The following flags have been succesfull in repeating the result of the fold-and-dock benchmark in the original paper and is a good starting point.

-run:protocol broker
-broker:setup
-nstruct
-out:file:scorefile
-database
-file:frag3
-file:frag9
-in:file:fasta
-symmetry:symmetry_definition
-out:file:silent
-out:file:silent_struct_type binary
-relax:fast
-relax:jump_move
-symmetry:initialize_rigid_body_dofs
-fold_and_dock::rotate_anchor_to_x // May even be a required flag...
-evaluation:rmsd_target
-evaluation:rmsd_column
-evaluation:symmetric_rmsd
-rg_reweight 0.001 // Rewight the rg scoring term.
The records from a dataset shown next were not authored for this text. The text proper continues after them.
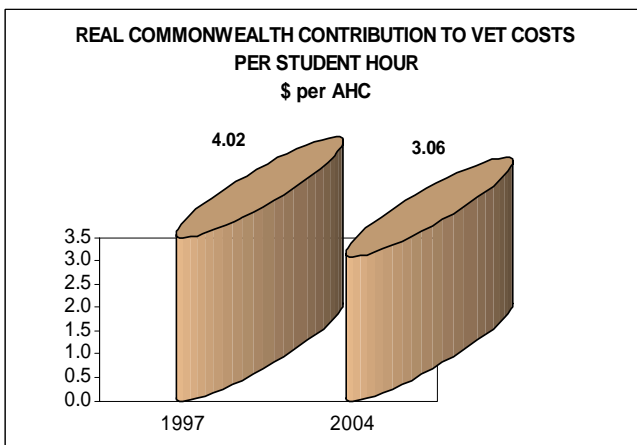

Ms Forward was commenting in the wake of the release by the NCVER of its annual *Australian Vocational Education and Training Statistics: Financial Information* report, which shows that, in real terms, Commonwealth funding for VET is nearly a dollar less per student hour in 2004 than it was in 1997 (see charts below). If per student hour funding were maintained at 1997 levels, the Commonwealth would have contributed an additional $328.7m in 2004.

“After nearly a decade of funding cuts, the Prime Minister is calling for action to address skills shortages,” Ms Forward noted, “yet his government persists with VET funding policies that have seen both the numbers of people undertaking training and the number of hours of training undertaken fall”.

“The number of students undertaking training in 2004 was the lowest since 1998,” Ms Forward said.

“The Government makes much of its Australian Technical Colleges initiative,” said Ms Forward, “but the truth is that these colleges will serve only a handful of students. TAFE Institutes, on the other hand, the bulwark of the Australian training system, have been systematically starved of funds by the Howard Government”.

Sources: NCVER, Australian Vocational Education and Training Statistics, Financial Information 2004; NCVER, Australian Vocational Education and Training Statistics, Students and Outcomes, 2004; ABS 6401.0.

For further information, please contact:

Pat Forward
AEU Federal TAFE Secretary
0425 743 954

Linda Simon
AEU Federal TAFE President
0411 550 439

For extended structures like coiled-coils this is crucial. For global structures perhaps not as beneficial.
-rigid_body_cycles 1 // Works in conjuction with rigid_body_disable_mc
-abinitio::recover_low_in_stages 0 // The lowest energy structure is not always selected after each stage.
This prevents overoptimization of low-resolution energy but may not be optimal for all cases.
-rigid_body_frequency 5
-rigid_body_disable_mc  //  Makes sure that the rigid body moves are accepted by the same Monte Carlo process as the fragment sampling.
This prevents overoptimization of low-resolution energy but may not be optimal for all cases.
-run:reinitialize_mover_for_each_job

# Expected Outputs

The protocol produces a silent file together with a scorefile. The normal exit status of the protocol is coming from the jd2 job distributor, with message like "You'll see the jd2 x jobs completed in y seconds message if successfully completed". If you run with pdb output there will be additional pdb structures outputted: before_repack.pdb, init_dofs.pdb etc. They are generated by the general fragment sampling protocol in rosetta, which is called by fold-and-dock, as debug output. Do not use pdb output for production runs.

# Post Processing

The same procedures used for regular abinitio are used for fold-and-dock. If you have a native reference generate a score vs rmsd plot and lock for a funnel. Without reference structure cluster the 200-400 lowest energy models using the cluster app (for some cases you may want to calculate a symmetric rms during clutering. Add -symmetry:symmetric_rmsd as an option to the cluster app).